§ Data for the task
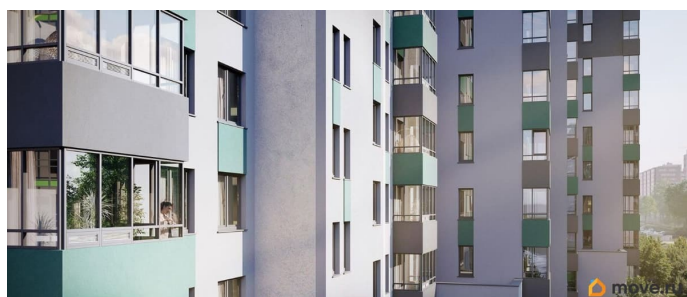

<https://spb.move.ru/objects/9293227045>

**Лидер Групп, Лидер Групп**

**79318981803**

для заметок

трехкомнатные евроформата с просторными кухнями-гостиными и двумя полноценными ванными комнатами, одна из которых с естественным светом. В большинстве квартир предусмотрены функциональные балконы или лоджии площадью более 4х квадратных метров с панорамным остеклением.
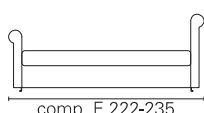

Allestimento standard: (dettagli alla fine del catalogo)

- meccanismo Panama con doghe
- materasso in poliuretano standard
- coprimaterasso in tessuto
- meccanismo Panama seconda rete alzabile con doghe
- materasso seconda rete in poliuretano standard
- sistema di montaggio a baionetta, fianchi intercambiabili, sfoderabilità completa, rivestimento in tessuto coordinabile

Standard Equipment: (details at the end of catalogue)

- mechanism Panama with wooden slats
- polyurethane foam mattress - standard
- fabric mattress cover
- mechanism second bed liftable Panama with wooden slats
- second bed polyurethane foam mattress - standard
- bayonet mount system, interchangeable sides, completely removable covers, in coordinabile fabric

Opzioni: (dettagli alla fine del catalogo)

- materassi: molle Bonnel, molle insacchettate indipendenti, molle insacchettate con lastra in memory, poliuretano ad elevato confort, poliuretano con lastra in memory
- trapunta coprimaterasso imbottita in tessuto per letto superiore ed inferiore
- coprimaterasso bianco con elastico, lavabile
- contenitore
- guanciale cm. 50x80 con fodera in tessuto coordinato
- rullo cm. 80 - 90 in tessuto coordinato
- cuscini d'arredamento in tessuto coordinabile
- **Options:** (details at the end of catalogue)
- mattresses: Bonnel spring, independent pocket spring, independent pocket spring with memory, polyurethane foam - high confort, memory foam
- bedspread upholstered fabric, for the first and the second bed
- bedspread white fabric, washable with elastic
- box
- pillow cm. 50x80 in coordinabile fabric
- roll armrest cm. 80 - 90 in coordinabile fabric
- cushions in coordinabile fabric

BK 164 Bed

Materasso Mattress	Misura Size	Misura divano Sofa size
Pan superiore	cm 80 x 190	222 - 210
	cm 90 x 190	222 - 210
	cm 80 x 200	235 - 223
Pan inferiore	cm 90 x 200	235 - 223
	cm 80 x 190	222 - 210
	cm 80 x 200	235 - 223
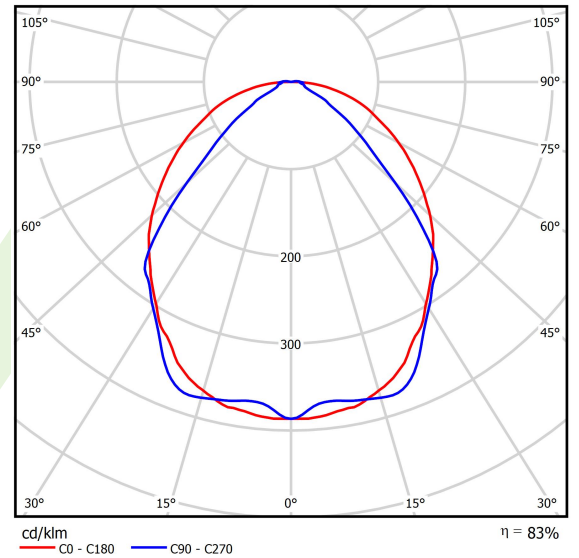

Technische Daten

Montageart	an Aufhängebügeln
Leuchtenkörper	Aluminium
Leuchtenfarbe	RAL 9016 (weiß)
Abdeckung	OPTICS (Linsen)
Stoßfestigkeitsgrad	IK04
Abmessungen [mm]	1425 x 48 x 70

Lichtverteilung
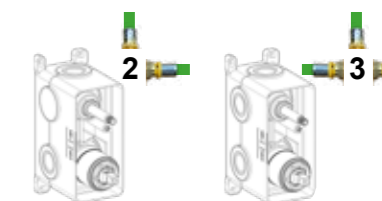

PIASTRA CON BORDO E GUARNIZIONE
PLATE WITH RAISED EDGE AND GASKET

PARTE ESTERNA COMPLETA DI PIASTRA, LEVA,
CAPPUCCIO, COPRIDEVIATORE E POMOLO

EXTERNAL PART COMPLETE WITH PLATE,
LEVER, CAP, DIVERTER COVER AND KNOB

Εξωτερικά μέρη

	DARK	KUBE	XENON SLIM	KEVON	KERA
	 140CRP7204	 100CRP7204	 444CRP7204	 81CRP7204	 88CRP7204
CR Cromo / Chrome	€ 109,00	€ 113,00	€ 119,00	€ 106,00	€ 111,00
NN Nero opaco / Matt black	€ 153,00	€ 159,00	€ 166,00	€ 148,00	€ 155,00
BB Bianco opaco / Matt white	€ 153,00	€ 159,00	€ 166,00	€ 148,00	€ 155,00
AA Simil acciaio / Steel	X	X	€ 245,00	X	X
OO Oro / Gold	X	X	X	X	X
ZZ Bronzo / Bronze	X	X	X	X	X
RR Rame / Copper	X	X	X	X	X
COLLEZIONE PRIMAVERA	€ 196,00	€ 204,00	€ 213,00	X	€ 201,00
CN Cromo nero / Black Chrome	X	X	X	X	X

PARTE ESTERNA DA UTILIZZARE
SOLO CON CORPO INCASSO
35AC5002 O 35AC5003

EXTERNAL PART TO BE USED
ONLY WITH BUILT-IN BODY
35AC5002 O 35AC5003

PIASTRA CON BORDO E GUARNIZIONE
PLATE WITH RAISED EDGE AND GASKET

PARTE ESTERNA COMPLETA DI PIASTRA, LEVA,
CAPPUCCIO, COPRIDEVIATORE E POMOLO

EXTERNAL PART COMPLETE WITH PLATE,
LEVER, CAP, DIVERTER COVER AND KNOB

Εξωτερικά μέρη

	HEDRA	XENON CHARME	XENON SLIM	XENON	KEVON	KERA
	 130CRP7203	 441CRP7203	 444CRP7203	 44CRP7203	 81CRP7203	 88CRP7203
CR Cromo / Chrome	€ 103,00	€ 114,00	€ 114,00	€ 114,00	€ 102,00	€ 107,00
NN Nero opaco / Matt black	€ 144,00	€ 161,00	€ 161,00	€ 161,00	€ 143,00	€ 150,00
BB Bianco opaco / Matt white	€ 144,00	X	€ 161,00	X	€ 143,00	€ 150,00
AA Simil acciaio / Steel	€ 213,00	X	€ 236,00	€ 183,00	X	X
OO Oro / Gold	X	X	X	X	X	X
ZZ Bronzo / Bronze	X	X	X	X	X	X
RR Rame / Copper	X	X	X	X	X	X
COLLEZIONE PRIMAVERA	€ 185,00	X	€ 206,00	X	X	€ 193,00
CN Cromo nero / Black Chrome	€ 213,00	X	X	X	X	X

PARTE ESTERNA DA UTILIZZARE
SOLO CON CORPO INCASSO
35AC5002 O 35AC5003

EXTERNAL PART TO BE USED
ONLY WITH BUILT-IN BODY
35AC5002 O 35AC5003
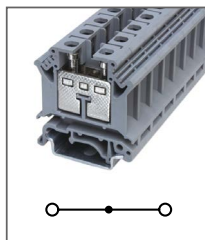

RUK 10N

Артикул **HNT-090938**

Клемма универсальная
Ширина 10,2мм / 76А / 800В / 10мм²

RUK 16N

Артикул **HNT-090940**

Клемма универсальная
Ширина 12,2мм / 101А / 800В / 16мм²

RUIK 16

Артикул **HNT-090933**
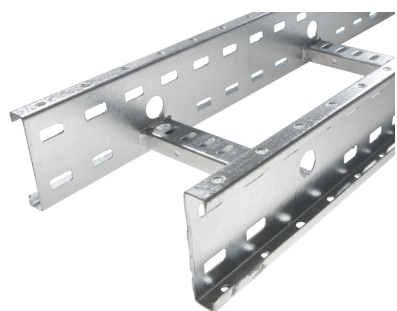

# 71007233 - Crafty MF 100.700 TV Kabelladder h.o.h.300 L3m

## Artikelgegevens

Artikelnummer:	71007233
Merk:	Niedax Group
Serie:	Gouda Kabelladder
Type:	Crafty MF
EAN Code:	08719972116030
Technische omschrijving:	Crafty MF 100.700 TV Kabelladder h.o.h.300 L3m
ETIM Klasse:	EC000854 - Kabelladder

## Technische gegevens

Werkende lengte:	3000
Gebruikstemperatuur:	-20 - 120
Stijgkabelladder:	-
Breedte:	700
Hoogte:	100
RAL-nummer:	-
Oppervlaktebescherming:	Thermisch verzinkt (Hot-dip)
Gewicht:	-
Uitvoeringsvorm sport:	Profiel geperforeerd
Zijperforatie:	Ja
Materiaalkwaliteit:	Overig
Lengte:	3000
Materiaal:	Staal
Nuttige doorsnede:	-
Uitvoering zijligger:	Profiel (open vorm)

§ Exercise
Return every record exactly. Pictures stay out.

§ Solution
<https://spb.move.ru/objects/9293227045>

**Лидер Групп, Лидер Групп**

**79318981803**

для заметок

трехкомнатные евроформата с просторными кухнями-гостиными и двумя полноценными ванными комнатами, одна из которых с естественным светом. В большинстве квартир предусмотрены функциональные балконы или лоджии площадью более 4х квадратных метров с панорамным остеклением.

Allestimento standard: (dettagli alla fine del catalogo)

- meccanismo Panama con doghe
- materasso in poliuretano standard
- coprimaterasso in tessuto
- meccanismo Panama seconda rete alzabile con doghe
- materasso seconda rete in poliuretano standard
- sistema di montaggio a baionetta, fianchi intercambiabili, sfoderabilità completa, rivestimento in tessuto coordinabile

Standard Equipment: (details at the end of catalogue)

- mechanism Panama with wooden slats
- polyurethane foam mattress - standard
- fabric mattress cover
- mechanism second bed liftable Panama with wooden slats
- second bed polyurethane foam mattress - standard
- bayonet mount system, interchangeable sides, completely removable covers, in coordinabile fabric

Opzioni: (dettagli alla fine del catalogo)

- materassi: molle Bonnel, molle insacchettate indipendenti, molle insacchettate con lastra in memory, poliuretano ad elevato confort, poliuretano con lastra in memory
- trapunta coprimaterasso imbottita in tessuto per letto superiore ed inferiore
- coprimaterasso bianco con elastico, lavabile
- contenitore
- guanciale cm. 50x80 con fodera in tessuto coordinato
- rullo cm. 80 - 90 in tessuto coordinato
- cuscini d'arredamento in tessuto coordinabile
- **Options:** (details at the end of catalogue)
- mattresses: Bonnel spring, independent pocket spring, independent pocket spring with memory, polyurethane foam - high confort, memory foam
- bedspread upholstered fabric, for the first and the second bed
- bedspread white fabric, washable with elastic
- box
- pillow cm. 50x80 in coordinabile fabric
- roll armrest cm. 80 - 90 in coordinabile fabric
- cushions in coordinabile fabric

BK 164 Bed

Materasso Mattress	Misura Size	Misura divano Sofa size
Pan superiore	cm 80 x 190	222 - 210
	cm 90 x 190	222 - 210
	cm 80 x 200	235 - 223
Pan inferiore	cm 90 x 200	235 - 223
	cm 80 x 190	222 - 210
	cm 80 x 200	235 - 223

Technische Daten

Montageart	an Aufhängebügeln
Leuchtenkörper	Aluminium
Leuchtenfarbe	RAL 9016 (weiß)
Abdeckung	OPTICS (Linsen)
Stoßfestigkeitsgrad	IK04
Abmessungen [mm]	1425 x 48 x 70

Lichtverteilung

PIASTRA CON BORDO E GUARNIZIONE
PLATE WITH RAISED EDGE AND GASKET

PARTE ESTERNA COMPLETA DI PIASTRA, LEVA,
CAPPUCCIO, COPRIDEVIATORE E POMOLO

EXTERNAL PART COMPLETE WITH PLATE,
LEVER, CAP, DIVERTER COVER AND KNOB

Εξωτερικά μέρη

	DARK	KUBE	XENON SLIM	KEVON	KERA
	 140CRP7204	 100CRP7204	 444CRP7204	 81CRP7204	 88CRP7204
CR Cromo / Chrome	€ 109,00	€ 113,00	€ 119,00	€ 106,00	€ 111,00
NN Nero opaco / Matt black	€ 153,00	€ 159,00	€ 166,00	€ 148,00	€ 155,00
BB Bianco opaco / Matt white	€ 153,00	€ 159,00	€ 166,00	€ 148,00	€ 155,00
AA Simil acciaio / Steel	X	X	€ 245,00	X	X
OO Oro / Gold	X	X	X	X	X
ZZ Bronzo / Bronze	X	X	X	X	X
RR Rame / Copper	X	X	X	X	X
COLLEZIONE PRIMAVERA	€ 196,00	€ 204,00	€ 213,00	X	€ 201,00
CN Cromo nero / Black Chrome	X	X	X	X	X

PARTE ESTERNA DA UTILIZZARE
SOLO CON CORPO INCASSO
35AC5002 O 35AC5003

EXTERNAL PART TO BE USED
ONLY WITH BUILT-IN BODY
35AC5002 O 35AC5003

PIASTRA CON BORDO E GUARNIZIONE
PLATE WITH RAISED EDGE AND GASKET

PARTE ESTERNA COMPLETA DI PIASTRA, LEVA,
CAPPUCCIO, COPRIDEVIATORE E POMOLO

EXTERNAL PART COMPLETE WITH PLATE,
LEVER, CAP, DIVERTER COVER AND KNOB

Εξωτερικά μέρη

	HEDRA	XENON CHARME	XENON SLIM	XENON	KEVON	KERA
	 130CRP7203	 441CRP7203	 444CRP7203	 44CRP7203	 81CRP7203	 88CRP7203
CR Cromo / Chrome	€ 103,00	€ 114,00	€ 114,00	€ 114,00	€ 102,00	€ 107,00
NN Nero opaco / Matt black	€ 144,00	€ 161,00	€ 161,00	€ 161,00	€ 143,00	€ 150,00
BB Bianco opaco / Matt white	€ 144,00	X	€ 161,00	X	€ 143,00	€ 150,00
AA Simil acciaio / Steel	€ 213,00	X	€ 236,00	€ 183,00	X	X
OO Oro / Gold	X	X	X	X	X	X
ZZ Bronzo / Bronze	X	X	X	X	X	X
RR Rame / Copper	X	X	X	X	X	X
COLLEZIONE PRIMAVERA	€ 185,00	X	€ 206,00	X	X	€ 193,00
CN Cromo nero / Black Chrome	€ 213,00	X	X	X	X	X

PARTE ESTERNA DA UTILIZZARE
SOLO CON CORPO INCASSO
35AC5002 O 35AC5003

EXTERNAL PART TO BE USED
ONLY WITH BUILT-IN BODY
35AC5002 O 35AC5003

RUK 10N

Артикул **HNT-090938**

Клемма универсальная
Ширина 10,2мм / 76А / 800В / 10мм²

RUK 16N

Артикул **HNT-090940**

Клемма универсальная
Ширина 12,2мм / 101А / 800В / 16мм²

RUIK 16

Артикул **HNT-090933**

# 71007233 - Crafty MF 100.700 TV Kabelladder h.o.h.300 L3m

## Artikelgegevens

Artikelnummer:	71007233
Merk:	Niedax Group
Serie:	Gouda Kabelladder
Type:	Crafty MF
EAN Code:	08719972116030
Technische omschrijving:	Crafty MF 100.700 TV Kabelladder h.o.h.300 L3m
ETIM Klasse:	EC000854 - Kabelladder

## Technische gegevens

Werkende lengte:	3000
Gebruikstemperatuur:	-20 - 120
Stijgkabelladder:	-
Breedte:	700
Hoogte:	100
RAL-nummer:	-
Oppervlaktebescherming:	Thermisch verzinkt (Hot-dip)
Gewicht:	-
Uitvoeringsvorm sport:	Profiel geperforeerd
Zijperforatie:	Ja
Materiaalkwaliteit:	Overig
Lengte:	3000
Materiaal:	Staal
Nuttige doorsnede:	-
Uitvoering zijligger:	Profiel (open vorm)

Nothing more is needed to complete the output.